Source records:
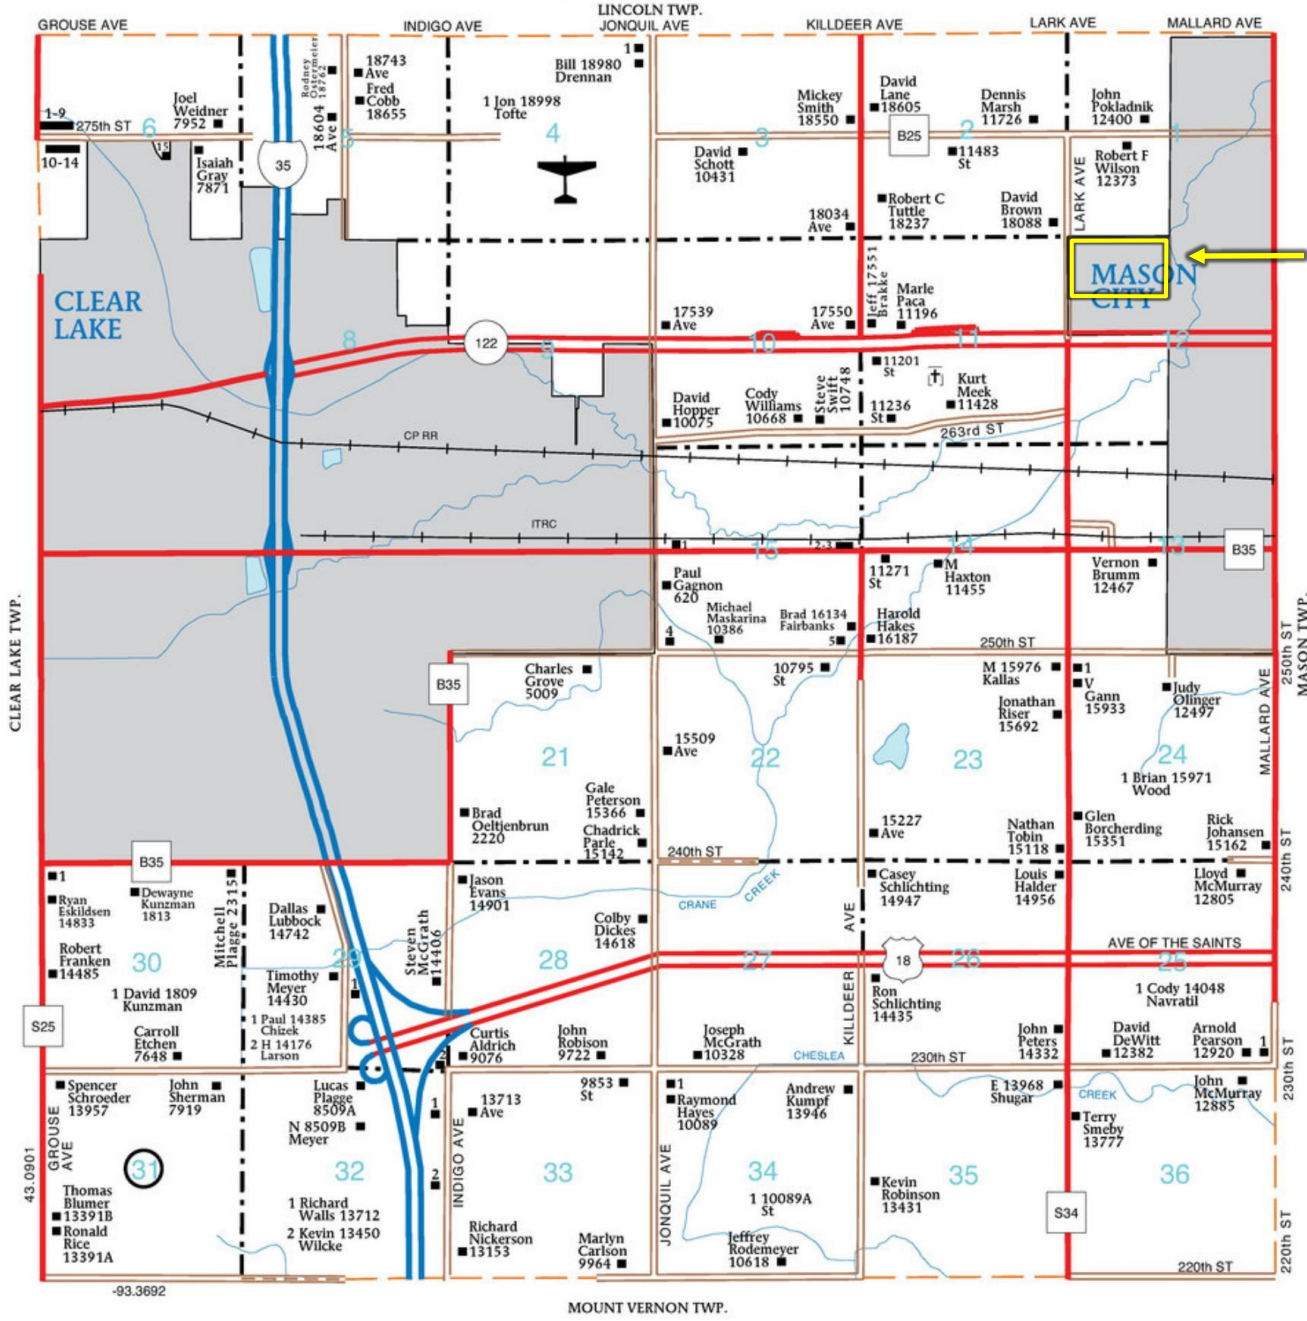

T-96-N

# LAKE DIRECTORY

R-21-W

(Residents - Owners of Portiers)

**SUBJECT PROPERTY**

CLEAR LAKE TWP.

MASON TWP.

MOUNT VERNON TWP.

-93.3692

#### [What you have to do]
Reproduce exactly every line between the line with "CLEAR LAKE TWP." and the last line of the records above, both included.

#### [Output for this exercise]
CLEAR LAKE TWP.

MASON TWP.

MOUNT VERNON TWP.

-93.3692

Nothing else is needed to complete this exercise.